Available records:
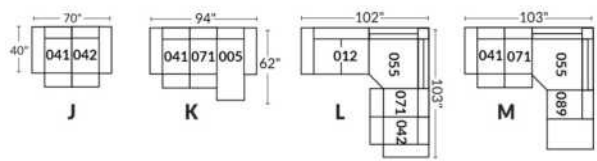

EXEMPLE 23" EXAMPLE
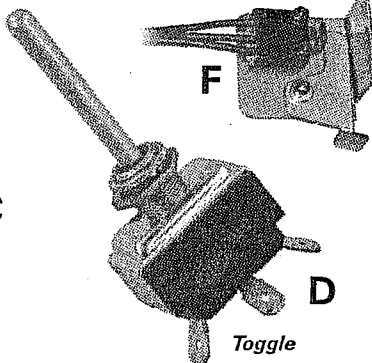

WHEELCHAIR LIFT PARTS

Replacement Motors

FOLD SCREWS

- LK0760 Braun
- LK0761 Collins

Complete Fold Screws

Replacement Gears

LIFT CONTROLS

- LK0680 Braun
- LK0747 Collins
- LK0748 Ricon
- LK0749 Reb
- LK0750 Maxon

LK9061 Braun Clip Only

SWITCHES

- LK0655 Braun
- LK0756 Collins
- LK0757 Ricon
- LK0758 Reb
- LK0759 Maxon

B

Rocker

E

See Also Page #63

Push-Button

A

Pressure

C

Toggle

D

F

SOLENOIDS & RELAYS

- LK0762 Braun
- LK0763 Collins
- LK0764 Ricon
- LK0765 Reb
- LK0766 Maxon
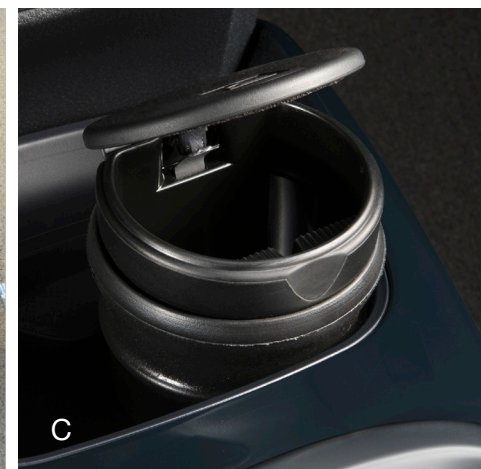

Interior Accessories

Emergency Assistance Kit (A) Don't let small issues stop you in your tracks.

- Kit includes booster cables, stainless steel multi-purpose tool, survival blanket, gloves, flashlight, tire pressure gauge and bungee cord
- Reflective warning triangle and trim on kit exterior helps alert other drivers to your vehicle

First Aid Kit (B) Be prepared for life's little emergencies.

- Soft-sided kit includes insect-sting pads, bandages, scissors, two emergency blankets and more
- VELCRO® brand mounting strips help the kit remain firmly in place

Ashtray Cup (C) This convenient, self-contained ashtray cup fits snugly inside the cupholder.

- Hinged lid helps minimize odors and flyaway ash
- Easy to empty and clean

toyota.com/accessories
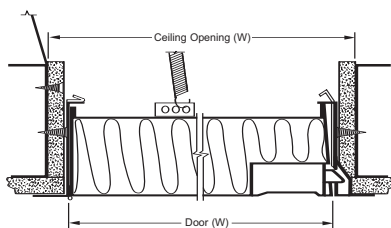

Typical Ceiling Installation
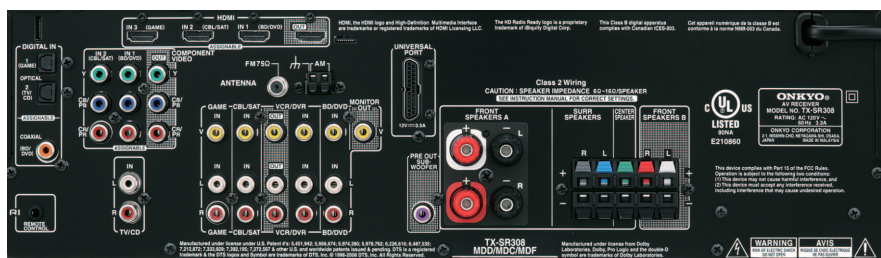

VIDEO SECTION

Input Sensitivity/Output Level and Impedance	
Video	1.0 Vp-p/75 ohms (Component)
	0.7 Vp-p/75 ohms (Component Pa/Ca, Pr/Cr)
	1.0 Vp-p/75 ohms (Composite)
Component Video Frequency Response	
	5 Hz–100 MHz/0 dB, -3 dB

TUNER SECTION

Tuning Frequency Range	
FM	87.5 MHz–107.9 MHz
AM	530 kHz–1,710 kHz
FM/AM Preset Memory	
	40 stations

GENERAL

Power Supply	AC 120 V~, 60 Hz
Power Consumption	3.3 A
Dimensions (W x H x D)	17 1/8" x 5 7/8" x 12 7/8" (435 x 151.5 x 328.5 mm)
Weight	17.6 lbs. (8.0 kg)

CARTON

Dimensions (W x H x D)	21 1/8" x 10 7/8" x 16 7/8" (537 x 268 x 416 mm)
Weight	22.9 lbs. (10.4 kg)

UPC CODE

(B) 751398009228

Supplied Accessories

- Indoor FM loop antenna • AM loop antenna • Speaker cable labels
- Instruction manual • Quick start guide • Remote controller
- AA (R6) batteries x 2

ONKYO
IMAGINATIVE SIGHT & SOUND
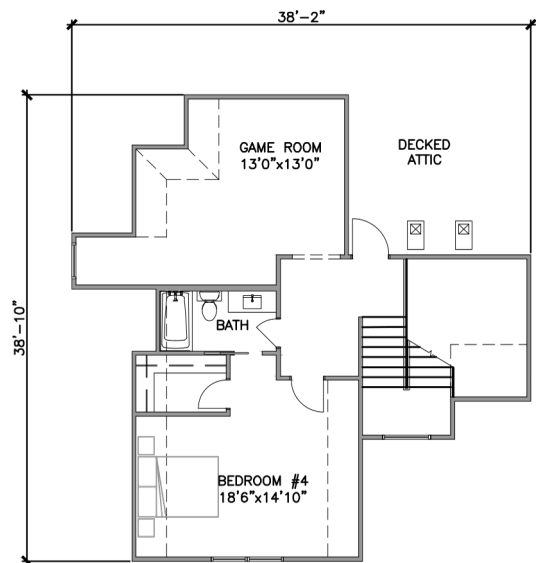

THE EBBETS

FIRST FLOOR

SECOND FLOOR

1st: 2,022 SF • 1st OVER VENEER: 2,099 SF

2nd: 743 SF • TOTAL: 2,765 SF

Brandy Ford
 Cell: (918) 782-7227
 Brandy@BFordHomes.com

Sheffield
 REALTY

Exercise instructions: Find the string "Dimensions" in the entries above and return each line that holds it.

Exercise answer:
Dimensions (W x H x D)	17 1/8" x 5 7/8" x 12 7/8" (435 x 151.5 x 328.5 mm)
Dimensions (W x H x D)	21 1/8" x 10 7/8" x 16 7/8" (537 x 268 x 416 mm)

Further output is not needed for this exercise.